What is required: Copy exactly the lines of the material below that run from the one containing "- 3: Cartuș (Spare part-nr. 48518000)" through the one containing "- 8: Cheie pentru". Copy no other lines.

============================================================

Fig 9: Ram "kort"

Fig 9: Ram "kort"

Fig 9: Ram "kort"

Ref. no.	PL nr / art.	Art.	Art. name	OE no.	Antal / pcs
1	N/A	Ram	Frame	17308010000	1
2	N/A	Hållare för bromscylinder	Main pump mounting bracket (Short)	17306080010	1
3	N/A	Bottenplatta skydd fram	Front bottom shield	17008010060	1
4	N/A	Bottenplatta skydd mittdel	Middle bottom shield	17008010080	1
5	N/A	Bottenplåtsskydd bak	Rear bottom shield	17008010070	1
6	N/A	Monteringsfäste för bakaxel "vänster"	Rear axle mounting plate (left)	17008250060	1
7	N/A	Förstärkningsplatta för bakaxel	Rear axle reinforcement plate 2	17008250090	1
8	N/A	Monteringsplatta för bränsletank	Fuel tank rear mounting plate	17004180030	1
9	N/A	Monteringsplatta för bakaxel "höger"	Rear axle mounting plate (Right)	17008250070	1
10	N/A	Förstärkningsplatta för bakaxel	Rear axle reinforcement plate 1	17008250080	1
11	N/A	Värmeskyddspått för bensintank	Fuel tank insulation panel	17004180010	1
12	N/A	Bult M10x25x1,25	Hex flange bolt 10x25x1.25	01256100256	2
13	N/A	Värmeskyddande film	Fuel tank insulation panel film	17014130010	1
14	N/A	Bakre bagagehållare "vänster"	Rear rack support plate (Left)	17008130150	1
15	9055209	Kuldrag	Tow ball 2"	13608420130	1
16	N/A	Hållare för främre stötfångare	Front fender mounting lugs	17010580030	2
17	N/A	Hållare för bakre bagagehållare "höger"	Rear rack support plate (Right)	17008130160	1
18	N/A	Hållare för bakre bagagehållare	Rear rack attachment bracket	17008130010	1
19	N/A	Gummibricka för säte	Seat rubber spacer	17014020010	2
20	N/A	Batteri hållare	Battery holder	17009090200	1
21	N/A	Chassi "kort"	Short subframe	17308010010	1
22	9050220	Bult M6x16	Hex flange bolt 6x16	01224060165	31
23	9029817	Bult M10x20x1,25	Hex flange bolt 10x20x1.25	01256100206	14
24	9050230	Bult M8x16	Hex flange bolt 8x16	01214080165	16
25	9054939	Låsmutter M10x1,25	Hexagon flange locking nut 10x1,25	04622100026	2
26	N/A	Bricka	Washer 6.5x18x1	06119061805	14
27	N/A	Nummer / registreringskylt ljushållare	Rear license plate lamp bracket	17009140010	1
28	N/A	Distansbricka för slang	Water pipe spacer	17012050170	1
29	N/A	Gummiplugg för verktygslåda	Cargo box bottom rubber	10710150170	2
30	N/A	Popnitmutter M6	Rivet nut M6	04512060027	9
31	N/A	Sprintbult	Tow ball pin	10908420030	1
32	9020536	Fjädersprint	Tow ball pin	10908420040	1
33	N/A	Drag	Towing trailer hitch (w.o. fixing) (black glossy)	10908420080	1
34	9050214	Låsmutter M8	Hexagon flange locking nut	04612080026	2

============================================================

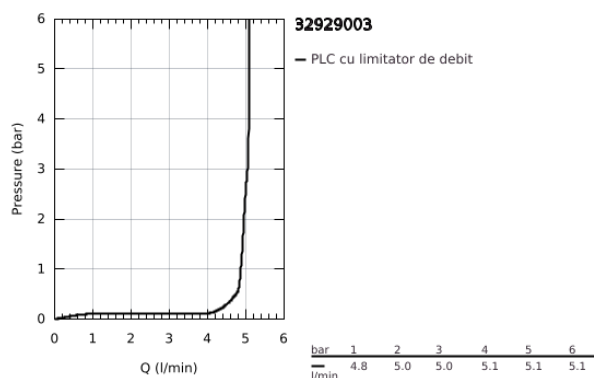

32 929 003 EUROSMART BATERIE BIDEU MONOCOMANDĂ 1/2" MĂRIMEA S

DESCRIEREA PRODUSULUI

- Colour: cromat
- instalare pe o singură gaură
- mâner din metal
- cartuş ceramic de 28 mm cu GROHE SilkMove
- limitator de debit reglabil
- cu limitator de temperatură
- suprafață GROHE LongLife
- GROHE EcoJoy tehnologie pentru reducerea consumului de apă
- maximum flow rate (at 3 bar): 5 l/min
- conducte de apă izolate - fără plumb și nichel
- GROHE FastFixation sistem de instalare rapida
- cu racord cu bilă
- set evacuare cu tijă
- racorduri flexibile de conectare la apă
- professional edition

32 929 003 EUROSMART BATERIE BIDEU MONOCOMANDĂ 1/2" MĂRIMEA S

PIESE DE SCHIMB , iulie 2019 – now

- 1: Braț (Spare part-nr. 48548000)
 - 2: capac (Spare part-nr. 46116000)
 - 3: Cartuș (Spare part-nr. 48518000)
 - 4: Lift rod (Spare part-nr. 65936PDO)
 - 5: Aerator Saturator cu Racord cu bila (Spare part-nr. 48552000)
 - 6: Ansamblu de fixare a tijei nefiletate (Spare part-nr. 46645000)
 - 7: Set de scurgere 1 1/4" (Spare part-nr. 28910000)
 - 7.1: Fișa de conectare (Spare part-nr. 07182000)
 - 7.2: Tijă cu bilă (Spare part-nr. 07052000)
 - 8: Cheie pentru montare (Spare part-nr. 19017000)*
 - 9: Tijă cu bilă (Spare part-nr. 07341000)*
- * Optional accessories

============================================================

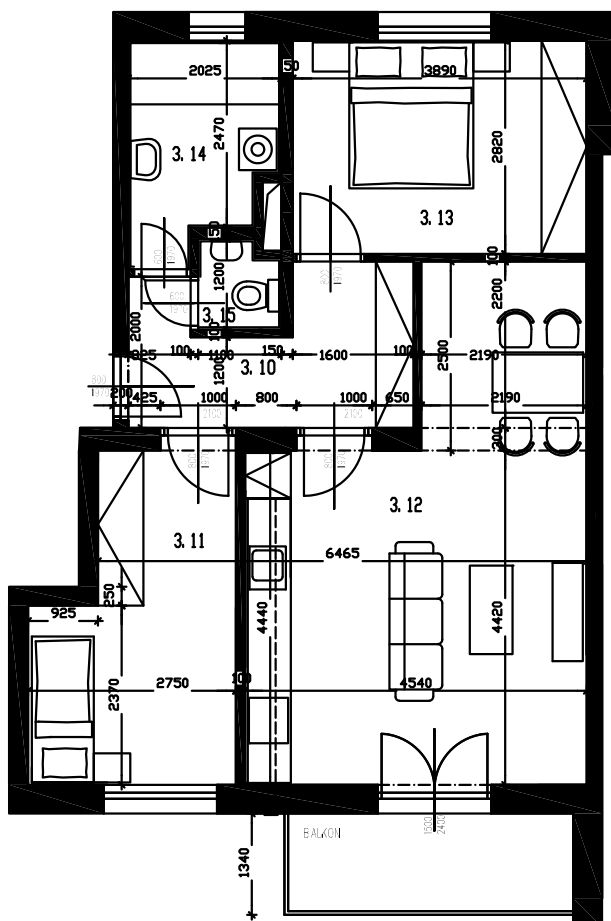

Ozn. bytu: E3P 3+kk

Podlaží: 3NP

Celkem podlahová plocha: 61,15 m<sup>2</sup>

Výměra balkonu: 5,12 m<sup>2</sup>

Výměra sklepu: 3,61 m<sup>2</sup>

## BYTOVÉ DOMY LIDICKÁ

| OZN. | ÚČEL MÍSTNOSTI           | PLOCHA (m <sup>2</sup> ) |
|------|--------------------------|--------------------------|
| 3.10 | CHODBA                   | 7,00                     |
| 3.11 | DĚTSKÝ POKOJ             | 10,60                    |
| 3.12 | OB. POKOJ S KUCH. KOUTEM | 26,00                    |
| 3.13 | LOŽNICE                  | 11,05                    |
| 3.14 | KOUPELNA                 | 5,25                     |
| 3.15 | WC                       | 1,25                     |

============================================================

Written answer:
 - 3: Cartuș (Spare part-nr. 48518000)
 - 4: Lift rod (Spare part-nr. 65936PDO)
 - 5: Aerator Saturator cu Racord cu bila (Spare part-nr. 48552000)
 - 6: Ansamblu de fixare a tijei nefiletate (Spare part-nr. 46645000)
 - 7: Set de scurgere 1 1/4" (Spare part-nr. 28910000)
 - 7.1: Fișa de conectare (Spare part-nr. 07182000)
 - 7.2: Tijă cu bilă (Spare part-nr. 07052000)
 - 8: Cheie pentru montare (Spare part-nr. 19017000)*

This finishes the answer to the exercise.